To reduce the risk of the industrywide bet on EVs, GM and other carmakers have been pushing the Biden administration to help by building more charging stations and funding consumer credits for those who buy electric cars. GM and Tesla Inc. have both sold enough EVs to exhaust their $7,500-per-vehicle consumer credits and want the government to add funding to expand the program.
Jacobson said GM has seen better sales than expected despite a global semiconductor shortage that has snarled supply chains. The company said it was able to boost truck production in the face of the chip shortfall. The result is the projection of stronger financial results.
China factor
China already is by far the world’s largest car market, accounting for a third of global sales. It is bigger than the U.S. and Japanese auto markets combined. GM and Volkswagen both sell more cars through joint ventures in China than in their home markets.

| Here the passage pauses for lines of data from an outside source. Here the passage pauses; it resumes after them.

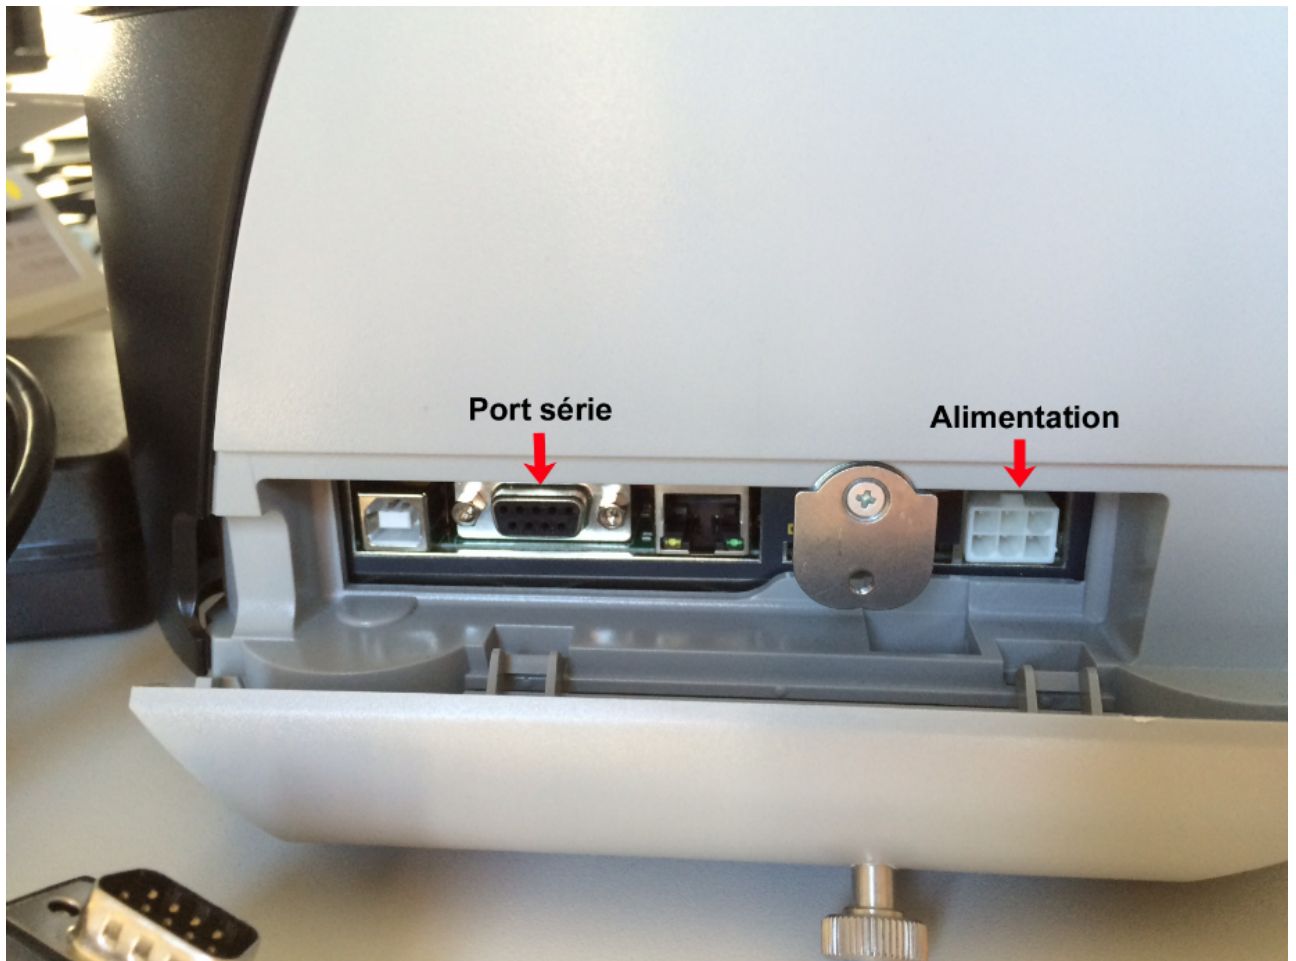

CUSTOM TK302 : Manuel d'Installation

Edge Airport France

Table des matières

EAF_MAN_CustomTK302_201611-001_Installation	
Brancher l'imprimante	
Charger le papier	
<i>Regler le gabarit du papier</i>	
<i>Charger le papier</i>	
Edge Airport France	

EAF_MAN_CustomTK302_201611-001_Installation

[Version originale](#)

Custom TK302

Manuel d'installation

Table des matières

Brancher l'imprimante

1. Dévisser la vis située sur le côté gauche de l'imprimante.

2. Enlever le clapet de protection.
3. Brancher le câble d'alimentation.
4. Brancher le câble série.

5. Faire passer les câbles dans l'endroit prévu à cet effet.
6. Refermer le clapet.
7. Relier le câble série à l'ordinateur.
8. Brancher le câble secteur sur l'adaptateur puis sur le secteur.
9. Appuyer sur l'interrupteur situé sur le câble d'alimentation pour mettre l'imprimante sous tension.
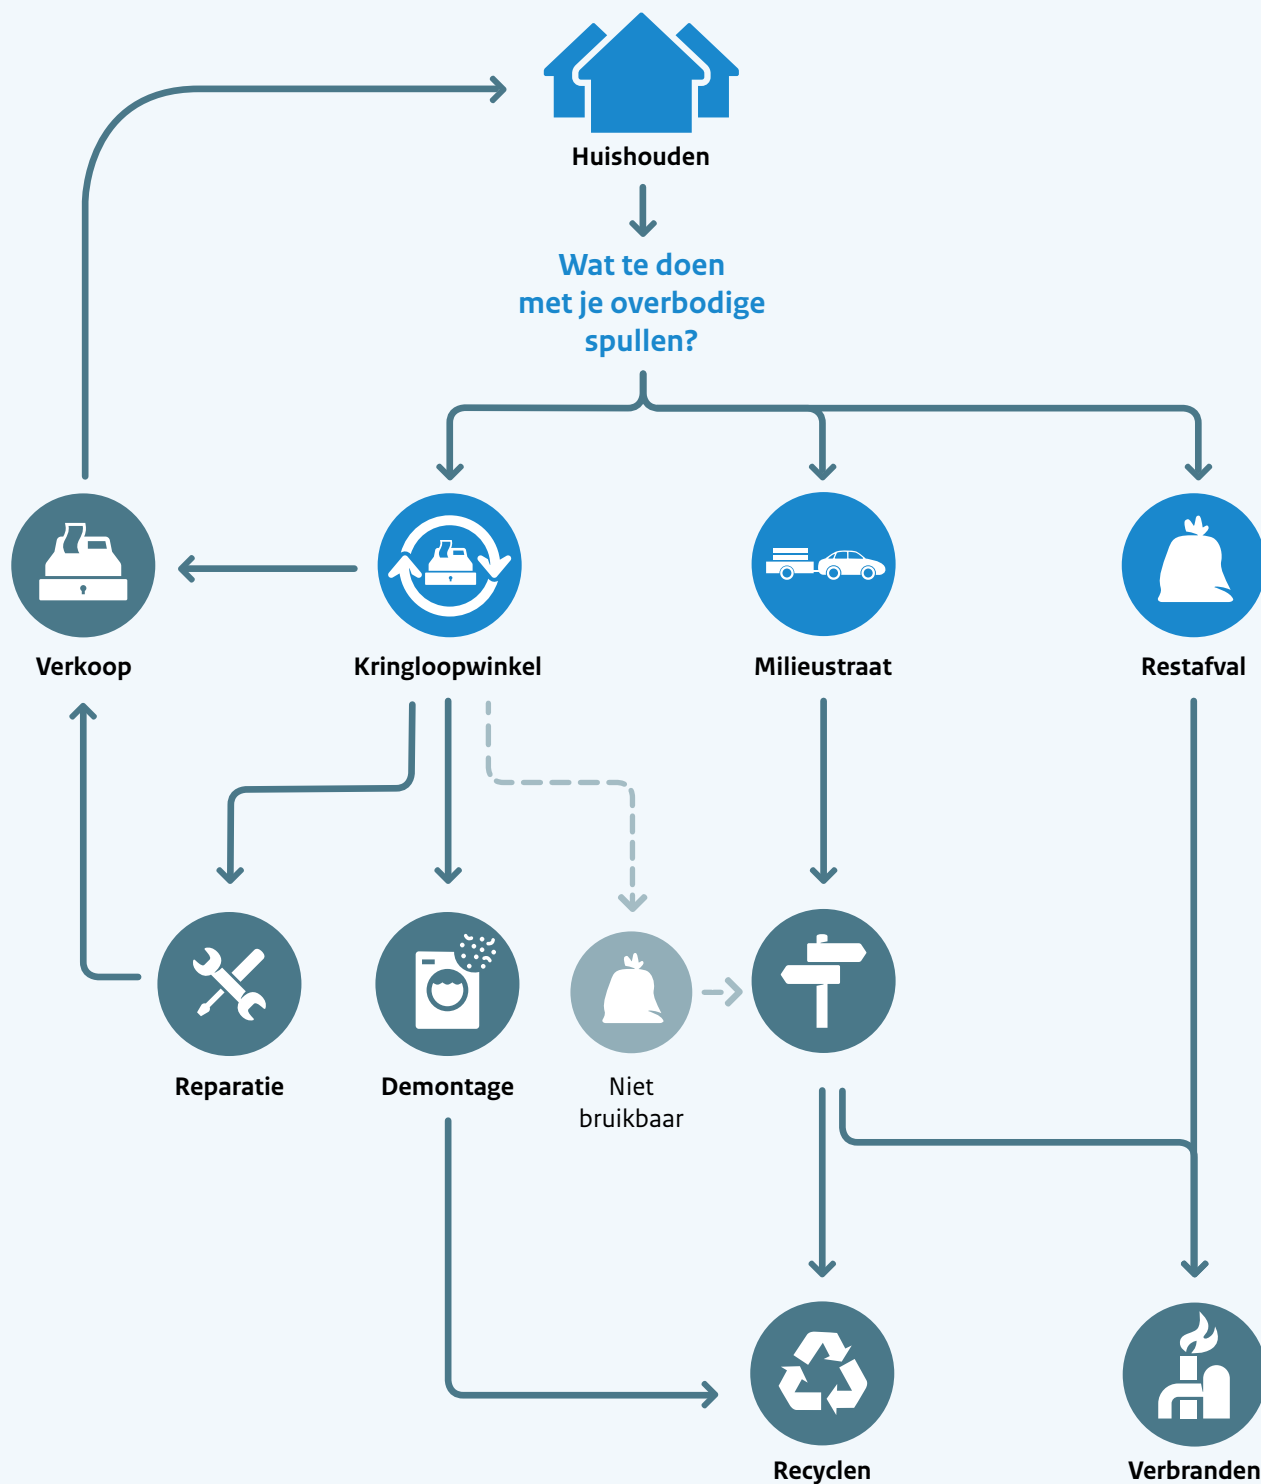

Ideale situatie

Afvalstromen via Circulair
Ambachtscentrum

VANG

HUISHOUDELIJK AFVAL

kijk voor meer informatie op onze website:
www.vang-hha.nl/circulairambachtscentrum

Ideale situatie

Afvalstromen via Circulair Ambachtscentrum

VANG

HUISHOUDELIJK AFVAL

kijk voor meer informatie op onze website:
www.vang-hha.nl/circulairambachtscentrum

Huidige situatie

Afvalstromen via Circulair
Ambachtscentrum

VANG

HUISHOUDELIJK AFVAL

kijk voor meer informatie op onze website:
www.vang-hha.nl/circulairambachtscentrum

Huidige situatie

Afvalstromen via Circulair Ambachtscentrum

VANG

HUISHOUDELIJK AFVAL

kijk voor meer informatie op onze website:
www.vang-hha.nl/circulairambachtscentrum
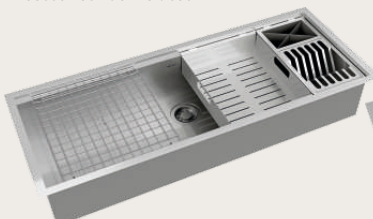

INSTALAÇÃO
UNDERMOUNT

VÁLVULA
4.1/2"
SUPER

Imagem Ilustrativa

DIFERENCIAIS

- Acabamento em aço inox escovado, proporcionando ao seu ambiente ainda mais beleza;
- Orientamos que a instalação seja no sistema undermount (por baixo da bancada);
- Modelo com cuba individual, ideal para diferentes estilos e projetos.
- Acessórios não inclusos.
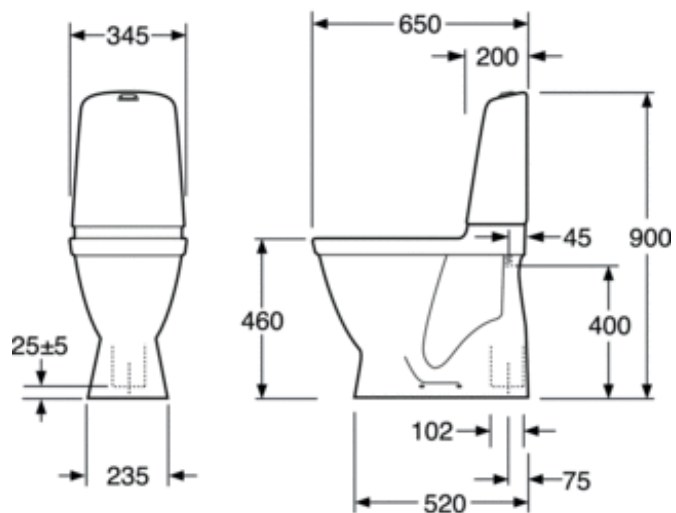

MÅLSKITSE

FIND FORHANDLERE

A MEMBER OF THE
VILLEROY & BOCH GROUP

Villeroy & Boch Danmark A/S
Hvidsværmervej 165G
2610 Rødovre
gustavsberg.dk
KUNDESERVICE@GUSTAVSBERG.COM

But China’s sway also extends to the business of making electric cars. Worried about its own pollution problems and keen to stay competitive in the technologies of the future, Beijing has long lavished subsidies on its electric car industry. During the global financial crisis a dozen years ago, China was already offering its taxi fleets and local government agencies up to $8,800 per car to choose electric models.
Today, China is the leading maker of big battery packs for electric cars, producing considerably more than the rest of the world combined. Chinese regulations required until a year ago the use of Chinese battery suppliers, instead of their mostly Japanese and South Korean rivals, for electric cars sold with Chinese subsidies. That forced multinationals to place huge orders with CATL, the main Chinese producer.
Chinese companies dominate the world’s production of electric motors. China has even gained control of much of the world’s production of key raw materials needed for electric cars, including lithium, cobalt and minerals known as rare earth metals.
Major global automakers are already developing electric cars in China. Daimler and Toyota have jumped into extensive joint ventures with Chinese manufacturers to build electric cars. Ford Motor announced Thursday that its new Ford Mustang Mach-E, the most head-turning car at the Beijing auto show in autumn, will be made in China as well as Mexico.
So far, no Chinese company has produced an electric car that can rival Tesla in capturing the world’s imagination, although one, NIO, is trying. But China has completed many of the steps along that road. Notably, Tesla began making vehicles in a factory in Shanghai a year ago.
The world’s shift to electric cars “is based on the Chinese technological road map,” said Yunshi Wang, director of the China Center for Energy and Transportation at the University of California, Davis.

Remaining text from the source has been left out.